[Records from a data collection]
══════════════════════════════

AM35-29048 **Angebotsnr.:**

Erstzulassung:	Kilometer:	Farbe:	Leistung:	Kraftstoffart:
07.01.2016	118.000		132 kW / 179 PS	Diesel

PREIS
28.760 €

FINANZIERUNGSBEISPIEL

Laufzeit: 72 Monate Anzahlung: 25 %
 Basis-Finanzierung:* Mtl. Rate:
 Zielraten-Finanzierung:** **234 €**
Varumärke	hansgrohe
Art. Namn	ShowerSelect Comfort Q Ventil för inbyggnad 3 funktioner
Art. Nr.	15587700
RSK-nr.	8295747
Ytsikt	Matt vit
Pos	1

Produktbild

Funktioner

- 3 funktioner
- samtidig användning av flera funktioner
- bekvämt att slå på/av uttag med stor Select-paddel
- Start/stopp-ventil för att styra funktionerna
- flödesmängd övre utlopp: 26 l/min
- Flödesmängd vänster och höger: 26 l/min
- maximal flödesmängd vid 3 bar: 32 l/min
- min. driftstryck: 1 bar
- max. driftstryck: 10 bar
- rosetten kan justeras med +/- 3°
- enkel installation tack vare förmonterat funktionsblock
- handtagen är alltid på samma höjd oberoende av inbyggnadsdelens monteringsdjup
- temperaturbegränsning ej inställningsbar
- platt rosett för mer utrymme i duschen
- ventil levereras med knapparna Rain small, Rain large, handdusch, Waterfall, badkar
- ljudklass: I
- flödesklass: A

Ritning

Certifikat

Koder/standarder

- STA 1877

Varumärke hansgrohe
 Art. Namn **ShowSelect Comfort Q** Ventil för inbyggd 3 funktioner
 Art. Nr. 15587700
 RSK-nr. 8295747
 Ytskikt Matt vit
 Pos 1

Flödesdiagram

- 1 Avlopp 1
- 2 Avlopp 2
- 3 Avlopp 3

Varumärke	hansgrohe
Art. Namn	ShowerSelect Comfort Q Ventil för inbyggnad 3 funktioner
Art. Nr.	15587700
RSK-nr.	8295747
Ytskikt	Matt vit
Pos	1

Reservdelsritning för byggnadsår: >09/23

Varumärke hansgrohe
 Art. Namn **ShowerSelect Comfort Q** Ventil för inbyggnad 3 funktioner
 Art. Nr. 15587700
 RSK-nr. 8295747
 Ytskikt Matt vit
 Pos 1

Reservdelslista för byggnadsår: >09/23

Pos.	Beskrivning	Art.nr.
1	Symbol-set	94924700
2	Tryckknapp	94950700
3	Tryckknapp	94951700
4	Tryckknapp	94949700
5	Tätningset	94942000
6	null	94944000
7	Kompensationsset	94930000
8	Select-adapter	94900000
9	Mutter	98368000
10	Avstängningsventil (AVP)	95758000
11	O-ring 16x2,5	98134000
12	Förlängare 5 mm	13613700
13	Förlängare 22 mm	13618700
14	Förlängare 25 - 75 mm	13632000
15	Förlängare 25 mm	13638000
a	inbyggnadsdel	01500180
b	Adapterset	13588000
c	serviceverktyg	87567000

══════════════════════════════

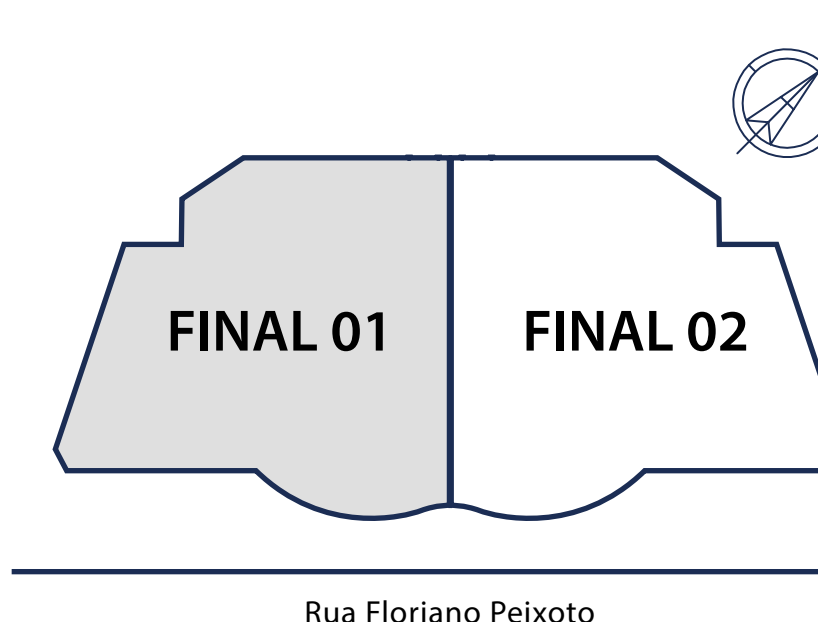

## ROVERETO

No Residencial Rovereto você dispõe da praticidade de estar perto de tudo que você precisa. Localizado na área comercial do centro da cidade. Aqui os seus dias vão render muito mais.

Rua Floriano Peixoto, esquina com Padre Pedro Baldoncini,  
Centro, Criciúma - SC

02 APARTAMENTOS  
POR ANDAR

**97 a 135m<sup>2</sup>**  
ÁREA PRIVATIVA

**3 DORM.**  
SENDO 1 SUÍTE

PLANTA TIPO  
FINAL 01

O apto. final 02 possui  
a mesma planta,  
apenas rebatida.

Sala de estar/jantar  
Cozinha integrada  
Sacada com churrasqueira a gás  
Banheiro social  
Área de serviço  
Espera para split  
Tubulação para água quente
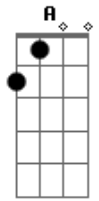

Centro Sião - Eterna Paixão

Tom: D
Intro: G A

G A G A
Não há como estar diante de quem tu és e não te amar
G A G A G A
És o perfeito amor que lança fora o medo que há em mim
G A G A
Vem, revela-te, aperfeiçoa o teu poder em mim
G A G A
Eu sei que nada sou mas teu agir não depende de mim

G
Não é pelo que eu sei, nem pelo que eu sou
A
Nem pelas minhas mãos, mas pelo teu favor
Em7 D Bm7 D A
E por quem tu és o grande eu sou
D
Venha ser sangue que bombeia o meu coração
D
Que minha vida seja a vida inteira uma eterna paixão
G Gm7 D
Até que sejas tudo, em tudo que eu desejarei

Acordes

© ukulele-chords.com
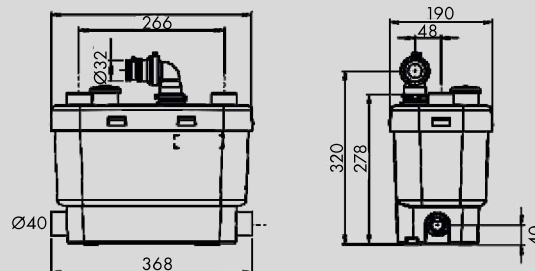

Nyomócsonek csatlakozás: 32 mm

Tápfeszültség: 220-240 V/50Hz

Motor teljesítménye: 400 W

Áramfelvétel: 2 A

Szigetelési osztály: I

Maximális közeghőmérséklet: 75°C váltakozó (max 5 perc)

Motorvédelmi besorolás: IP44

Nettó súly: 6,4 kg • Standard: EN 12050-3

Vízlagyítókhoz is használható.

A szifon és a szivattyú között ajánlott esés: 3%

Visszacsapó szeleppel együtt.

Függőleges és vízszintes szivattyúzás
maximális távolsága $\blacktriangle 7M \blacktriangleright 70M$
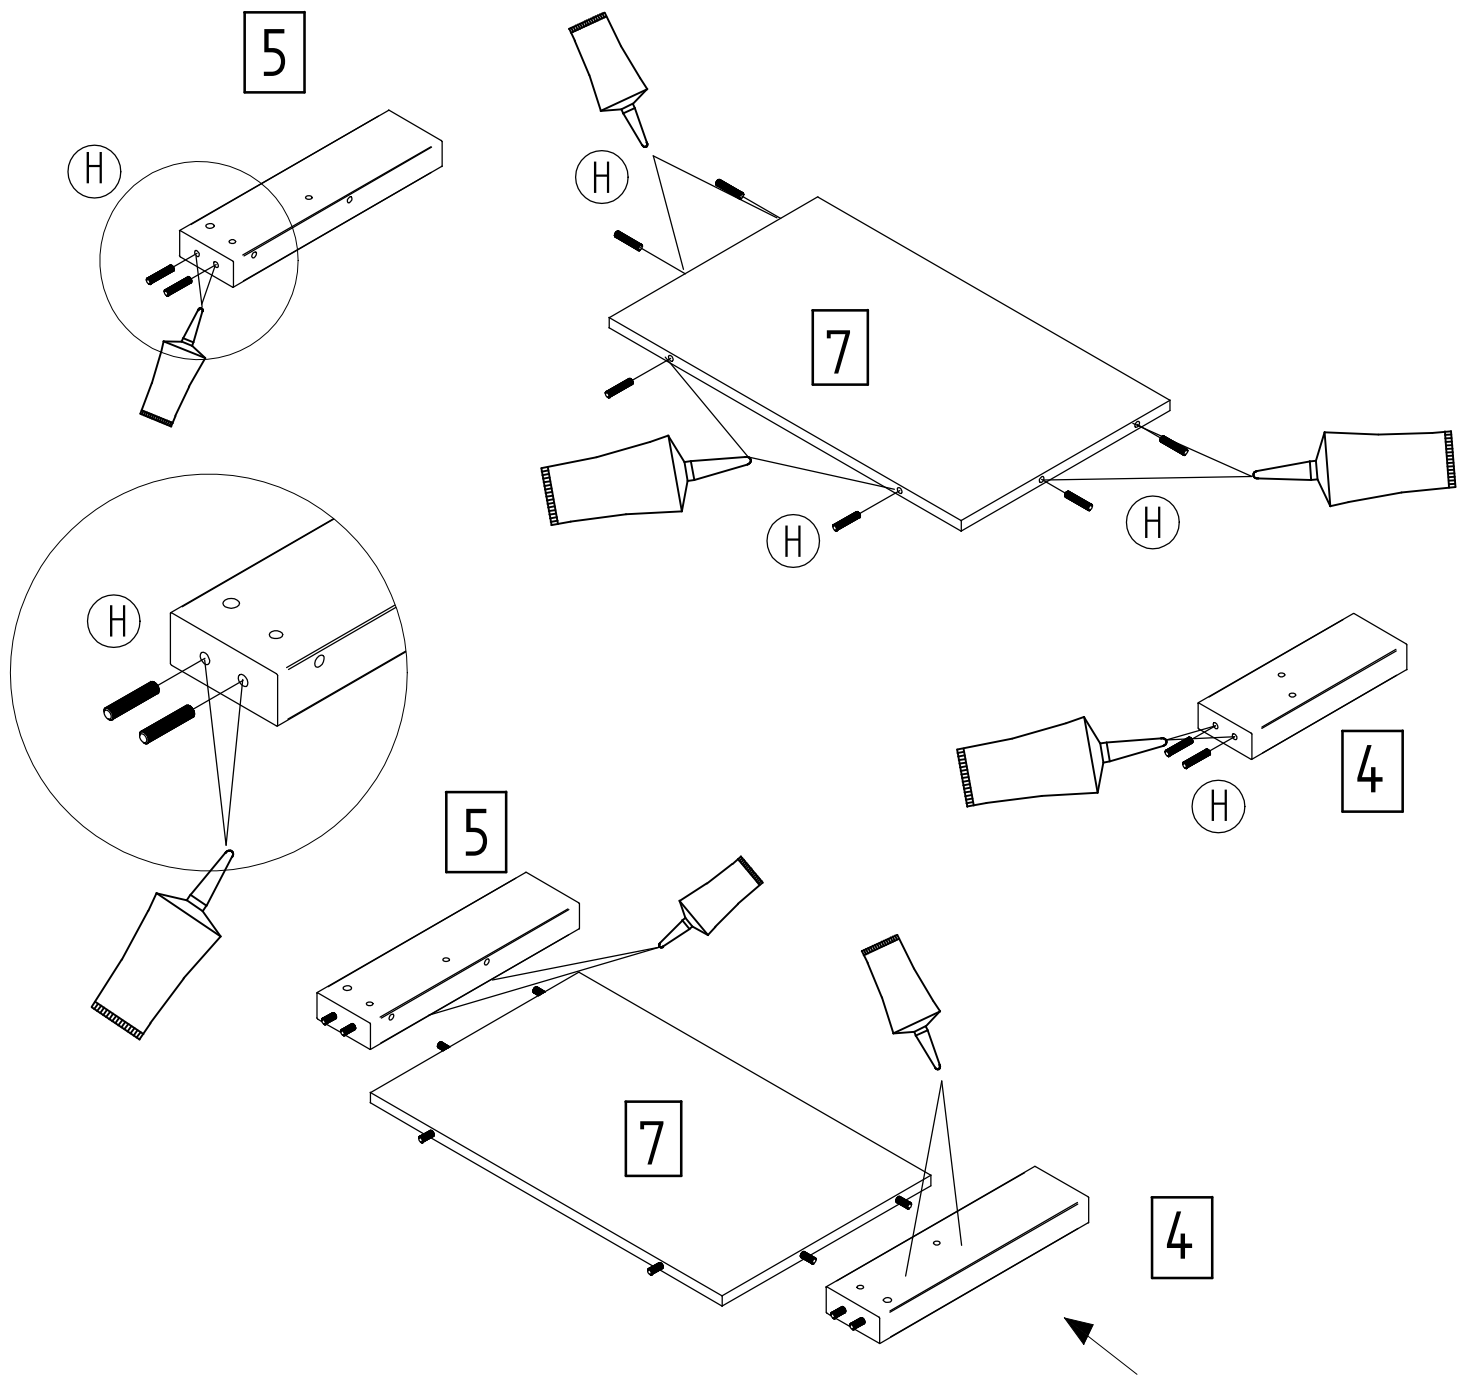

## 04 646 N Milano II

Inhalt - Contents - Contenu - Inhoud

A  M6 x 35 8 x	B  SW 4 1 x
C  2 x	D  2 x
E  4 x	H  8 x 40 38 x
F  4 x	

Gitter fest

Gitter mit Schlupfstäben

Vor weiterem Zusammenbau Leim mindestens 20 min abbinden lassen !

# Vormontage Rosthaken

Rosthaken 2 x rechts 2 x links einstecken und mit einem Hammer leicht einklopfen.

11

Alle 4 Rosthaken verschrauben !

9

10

══════════════════════════════

### Description of the task
Lines containing the string "Tryckknapp" above: how many are there? Answer with the number only.

### Task response
3